NOW THEREFORE, in consideration of the mutual promises and for such other good and valuable consideration, the receipt and sufficiency of which are hereby acknowledged, the Parties agree as follows:
1.1 Effective as of the “Closing” (as hereinafter defined):
(a) Assignor hereby assigns to Assignee 100% of Assignor’s interest in the Partnership, including, without limitation, all Profits and Losses, Cash From Operations, Net Refinancing Cash, Cash from Disposition or Partial Disposition and other Partnership distributions, other Partnership funds and assets, and any reimbursements of expenses, repayments of any loans made by the Withdrawing Limited Partner or any Affiliate to the Partnership (collectively, the “Interest”), and
1.2 In consideration of Assignor’s assignment of the Interest, at the Closing Assignee shall pay to Assignor an amount (the “Payment”) equal to $1,100,000.00 payable in cash. Assignor covenants and agrees that such sum shall be received in full satisfaction of all obligations and liabilities due Assignor in connection with or in any manner arising out of the Partnership, the Project or any other assets owned by the Partnership.
2.1 The closing of the transactions contemplated by this Agreement (the “Closing”) shall occur no later than December 31, 2011 (the “Closing Date”); provided, however, if the Operating General Partner shall have received a commitment from the Authority for a new mortgage loan in the principal amount of approximately $2,100,000.00 (the “CHFA Loan”) to be secured by a mortgage on the Property and the Project, and shall be diligently pursuing a closing of the new mortgage loan, Assignee shall have the option to extend the Closing Date for up to sixty (60) days by written notice to Assignor on or before December 31, 2011.
(a) As provided in Section 1.2, Assignee shall pay the Payment; and
(b) Assignor and Assignee shall execute and exchange countersigned counterparts of the First Amendment to Agreement of Limited Partnership of the Partnership in the form attached hereto as Exhibit A (the “Amendment”).

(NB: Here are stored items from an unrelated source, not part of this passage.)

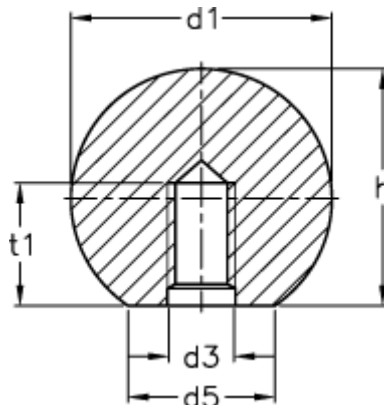

Varenummer: 20126425

Beskrivelse: E+G Kugleknop DIN 319-KU-25-M6-C

Mål

d1	= 25
d3	= M6
d5	= 15
h	= 22.5
t1 min.	= 11.0
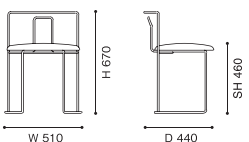

GAJA / GAJA BAR

ガヤ チェア/ガヤ バー カウンターチェア【受注輸入】

デザイン：高濱 和秀(KAZUHIDE TAKAHAMA)

	E	F	L	O	X (革)	S (布)
GAJA チェア	W510 × D440 × H670(SH460)					
	74,000	78,000	84,000	89,000	91,000	120,000
GAJA BAR カウンターチェア	W510 × D440 × H860(SH650)					
	87,000	91,000	97,000	101,000	103,000	132,000
GAJA S チェア	W510 × D440 × H670(SH460)					
	82,000	87,000	93,000	97,000	99,000	130,000
GAJA BAR S カウンターチェア	W510 × D440 × H860(SH650)					
	95,000	99,000	105,000	110,000	112,000	143,000
GAJA チェア 交換用カバー						
	41,000	46,000	52,000	56,000	58,000	74,000
GAJA BAR カウンターチェア 交換用カバー						
	41,000	93,000	52,000	56,000	58,000	74,000
GAJA S チェア 交換用カバー						
	50,000	54,000	60,000	65,000	67,000	93,000
GAJA BAR S カウンターチェア 交換用カバー						
	50,000	54,000	60,000	65,000	67,000	93,000

<モデル標準仕様>

- フレーム=スチールロッド・クロムめっき仕上
- 背座=ポリウレタンフォーム・カバリング
- 脚端：グラインド

※チェアのみ4脚までスタッキング可能。

GAJA

GAJA BAR

GAJA S

GAJA BAR S
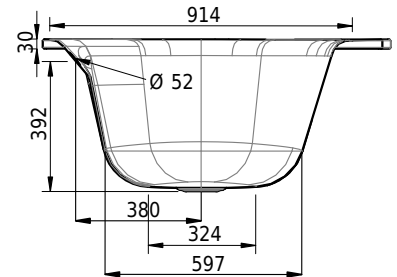

# Schmidlin POOL CORNER

160 x 113 x 45 cm

Randhöhe 30 mm, Ablaufloch Ø 90 mm

Artikel-Nr.: 1179-0001

SGVSB-Nr.: 111237

Gewicht: 59 kg

Nutzzinhalt\*: 174 l
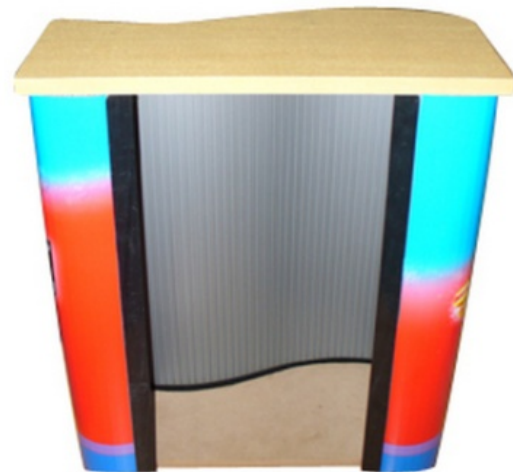

Easy Counter

Installation Guide

1. Rekatkan Flexisheet dengan Base

2. Rekatkan Flexisheet dengan Base

3. Rekatkan Flexisheet dengan Table Top

4. Selesai

PT INNOVASI SARANA GRAFINDO (InnoGRAPH)
Jl. Lenteng Agung Raya No. 15 (Jl. Baung No. 2)
Jakarta Selatan 12610
Phone : +62 21 7883 1075 (Hunting)
Fax : +62 21 7883 1692
www.innograph.com

3.1 Each of the Parties acknowledges that the consent of the Authority to the transfer of the Interest, as contemplated by this Agreement is required. Assignee shall use commercially reasonable efforts to obtain the same, and Assignor, at no cost, expense or liability to it, will cooperate to provide the Authority with such information and executed documents which the Authority may reasonably require in order to evaluate such transfer and it shall be a condition precedent to Closing that the Authority’s consent is received prior to Closing. Assignee, on the one hand, and Assignor, on the other, shall each provide the other with copies of any correspondence from the Authority that it receives in connection with their review of the proposed transfer of the Interest. By its execution hereof, the Operating General Partner consents the transactions herein described.
3.3 It shall be a condition precedent to Closing that all representations, warranties set forth herein shall be true and correct in all material respects, and all covenants set forth herein shall have been fully complied with in all material respects as of the Closing.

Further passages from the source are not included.